2.1.3 The Construction Project's Life Cycle
The project's life cycle is divided into basic phases, which are represented by beginning, planning, execution,
following up, controlling, and closing. It comprises the course of the construction project from beginning to end,
and life cycle of projects management as referred to by (Nepal, 2014; Pieplow, 2012; Macro, 2014) and is
represented as follows:
The first phase: beginning of project construction
It includes the process of identifying the nature of construction project and its range through understanding the
environment work, and ensuring the control of all project requirements, and preparation process (beginning
phase) includes the following steps:
1) Analyzing the construction project requirements in a standard way -in other words dealing digitally with the
project parts including the time, labor, raw materials, and financing.
2) Reviewing the current operation capacities as an initial phase of assessing the available potentials of the
company to perform the construction project.
3) Financial analysis of input and output, which includes the average spending in the construction project.
4) Analytical assessment to distribute tasks in a more efficient way between elements of work team in the
construction project.
5) Creation of a detailed map of the work phases in terms of tasks, cost, delivery schedules, and expiration of
the project.
The second phase: construction project planning
This phase includes project planning to guarantee compatibility between the elements of time, cost, and
resources and the average work to be done, while assessing accepted risk factors. This phase comprises the
following steps:
1) Identifying a strategy and proper planning model to carry out the project as a serial plan.
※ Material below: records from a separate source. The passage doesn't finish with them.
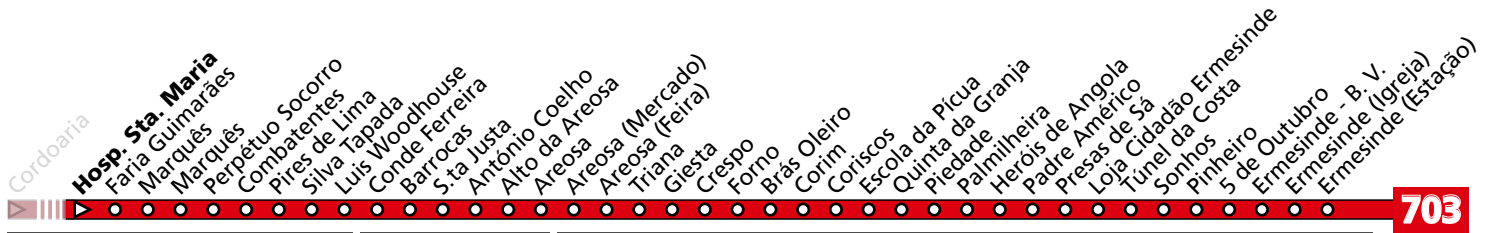

HORÁRIO EM TEMPO REAL

Atualizado em: 13/04/2026  
Os horários podem variar em função de condições circulação.

PRT1		PRT3		MAI4			
Z2				Z3			
8 min	3 min	12 min		10 min		16 min	6 min

LEGENDA: ... Zona Andante Z... Título ocasional a partir da paragem (Local de 1ª validação. Não aplicável a transbordos) ... min Tempo aproximado de percurso. Varia ao longo do dia. ||||| Percurso Abreviado (existem paragens e zonas não mencionadas)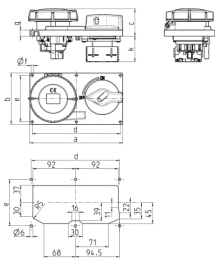

## Anbausteckdose

Bestellnr. 7523

- Schraubkontakt
- Horizontalbauweise
- abschaltbar
- mechanische DUO-Verriegelung
- mit Vorhängeschloss abschließbar

## Technische Daten

Ampere	16 A
Pole	4 p
Volt	230 V
Uhrzeitstellung	9 h
Hertz	50-60 Hz
Anschlussstechnik	Schraubkontakt
Kontakt	standard
Schutzart	IP 67
Gehäusematerial	Kunststoff
Gewicht	560 g
Prüfzeichen	CN,CQC

## Abmessungen

Zeichnung	Amp.	16			32		
		3	4	5	3	4	5
5 MB 57	Pole						
Maße in mm	a	200	200	200	200	200	200
	b	110	110	110	110	110	110
	c	47	50	51	59	59	60
	d	190	190	190	190	190	190
	e	100	100	100	100	100	100
	f	5	5	5	5	5	5
	g	13	13	13	13	13	13
	k max.	56	56	56	56	56	56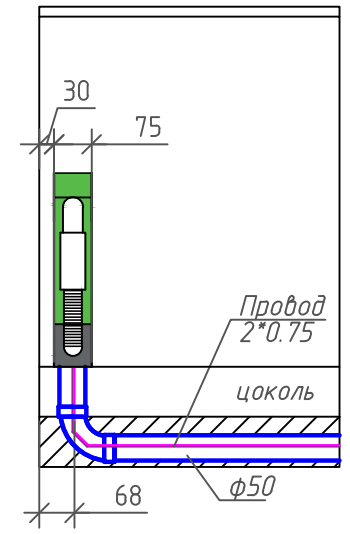

Подключение шланга Vgoot S при размещении в кухонной мебели с распашными дверцами
Вывод трубопровода из пола *Вывод трубопровода из стены*

Размеры Vgoot S

Изм.	Кол. уч.	Лист	№ док.	Подп.	Дата
Разраб.		Барышева			09.17
Провер.		Цехоцкий			09.17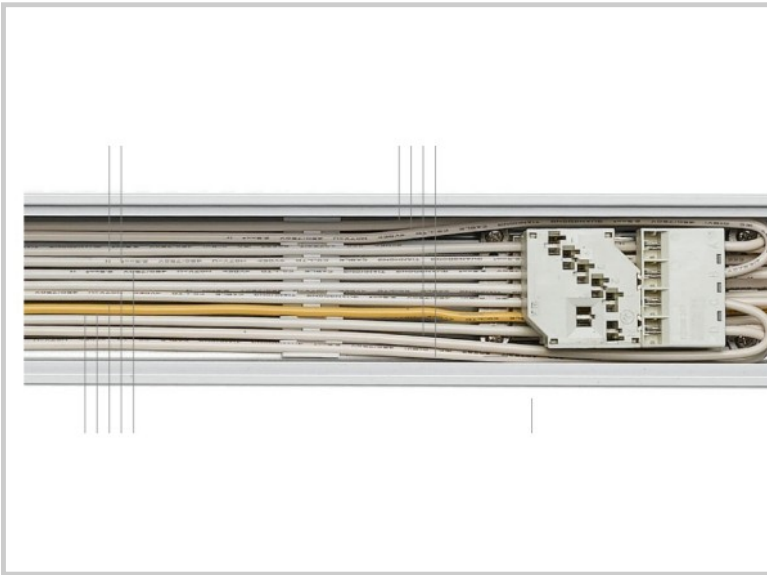

Référence: C1400

Rail 11 cables 2832mm

Longueur (mm)

2832

Matière

2) Development of dealing with available resources in the most efficient way.
3) Selecting the appropriate planning and designing team.
4) Sorting out priorities and delivery phases, and identifying the track of operational activities in the course of
construction project.
5) Assessing the required resources and the estimated budget for all the operational activities in the course of
project.
6) Developing work schedule in a way that matches with requirements of carrying out the project.
7) Planning to deal with potential risk factors in the course of the project.
8) Obtaining the official approvals to start work.
9) Ensuring the smoothness of communication between project coordinators. It is preferred that there is a
conceptual model of the construction project and its processes so that it helps in identifying what is required to
achieve and delivering it in the required precision.
The third phase: carrying out the construction project
After obtaining an approval for an action plan, the action plan is translated into execution. The project manager's
task in this phase is to keep the action plan on the right track, and to communicate with all members of the
project to provide necessary guidance, and to control work quality and spending, and to be on the right track in
terms of assets, resources and budget tools.
The fourth phase: Following up the construction project
It includes the control process of execution phases, its levels, and initial output. This phase includes the
following activities:
1) Phasic measurement: assessment of cost, effort, potentials, and how compatible they are with the drawn-up
plan to reach the objectives of the construction project.
2) Applying practices which correct the work track in case they were needed.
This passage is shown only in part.